Assigned task: Beginning at the line containing "Guide lineari e cursori a ricircolo di sfere" in the material below and ending at the line containing "Tipologia dei cursori a ricircolo di sfere", return each line exactly and add nothing.

Data extracts:

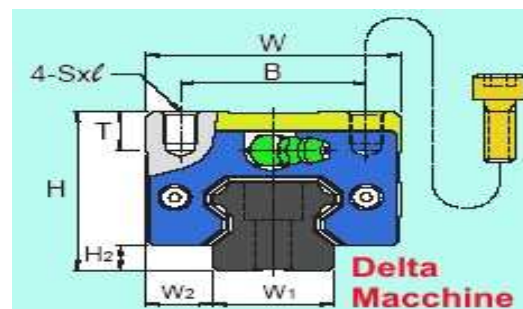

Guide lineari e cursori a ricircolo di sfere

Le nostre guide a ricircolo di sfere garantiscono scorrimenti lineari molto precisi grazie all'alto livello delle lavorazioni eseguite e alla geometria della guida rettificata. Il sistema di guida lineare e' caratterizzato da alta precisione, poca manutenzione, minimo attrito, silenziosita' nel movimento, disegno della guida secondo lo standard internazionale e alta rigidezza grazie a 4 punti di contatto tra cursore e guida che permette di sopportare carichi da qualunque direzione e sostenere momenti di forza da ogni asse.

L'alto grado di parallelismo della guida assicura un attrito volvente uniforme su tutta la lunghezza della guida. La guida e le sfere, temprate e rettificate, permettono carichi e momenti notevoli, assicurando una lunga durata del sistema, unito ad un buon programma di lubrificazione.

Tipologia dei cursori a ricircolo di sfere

...

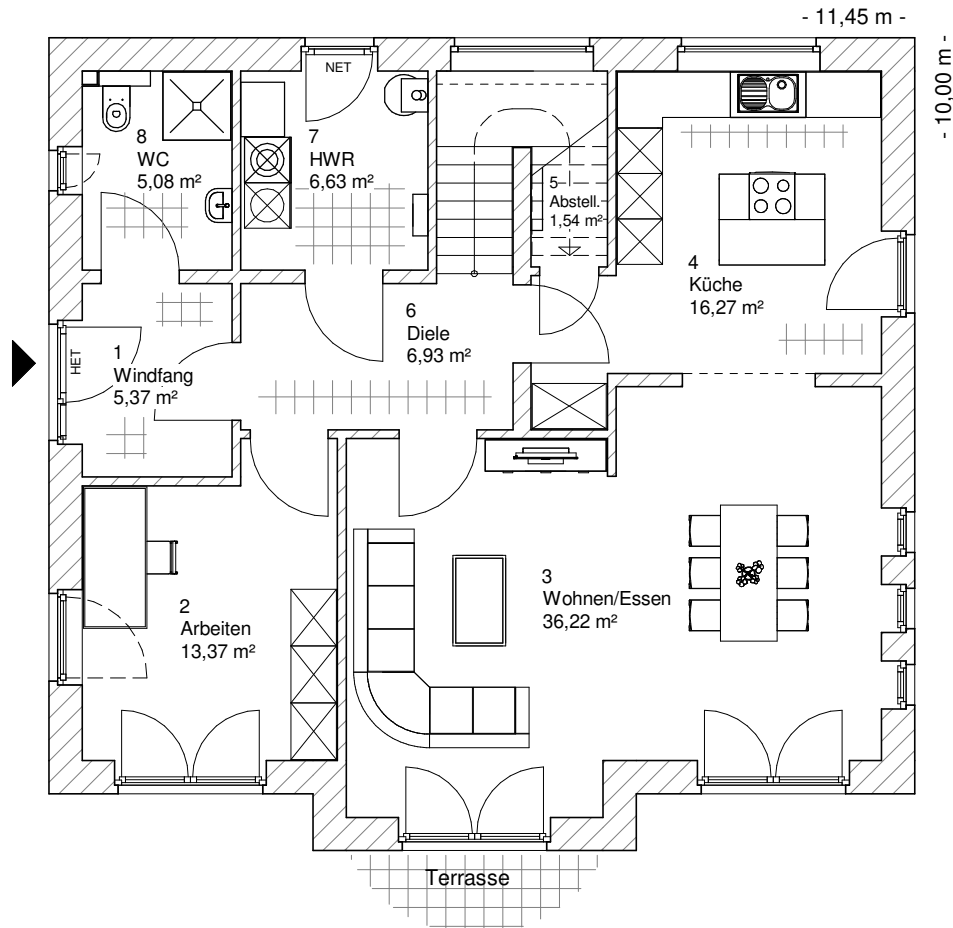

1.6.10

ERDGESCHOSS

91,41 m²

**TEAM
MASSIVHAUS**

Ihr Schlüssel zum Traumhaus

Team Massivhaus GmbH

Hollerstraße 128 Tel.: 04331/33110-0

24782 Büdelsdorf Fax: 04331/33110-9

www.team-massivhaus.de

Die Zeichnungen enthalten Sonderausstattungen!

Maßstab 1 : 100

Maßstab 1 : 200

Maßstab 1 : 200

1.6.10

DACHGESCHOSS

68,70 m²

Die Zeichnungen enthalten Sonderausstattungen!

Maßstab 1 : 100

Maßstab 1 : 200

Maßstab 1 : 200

Solution:
Guide lineari e cursori a ricircolo di sfere

Le nostre guide a ricircolo di sfere garantiscono scorrimenti lineari molto precisi grazie all'alto livello delle lavorazioni eseguite e alla geometria della guida rettificata. Il sistema di guida lineare e' caratterizzato da alta precisione, poca manutenzione, minimo attrito, silenziosita' nel movimento, disegno della guida secondo lo standard internazionale e alta rigidezza grazie a 4 punti di contatto tra cursore e guida che permette di sopportare carichi da qualunque direzione e sostenere momenti di forza da ogni asse.

L'alto grado di parallelismo della guida assicura un attrito volvente uniforme su tutta la lunghezza della guida. La guida e le sfere, temprate e rettificate, permettono carichi e momenti notevoli, assicurando una lunga durata del sistema, unito ad un buon programma di lubrificazione.

Tipologia dei cursori a ricircolo di sfere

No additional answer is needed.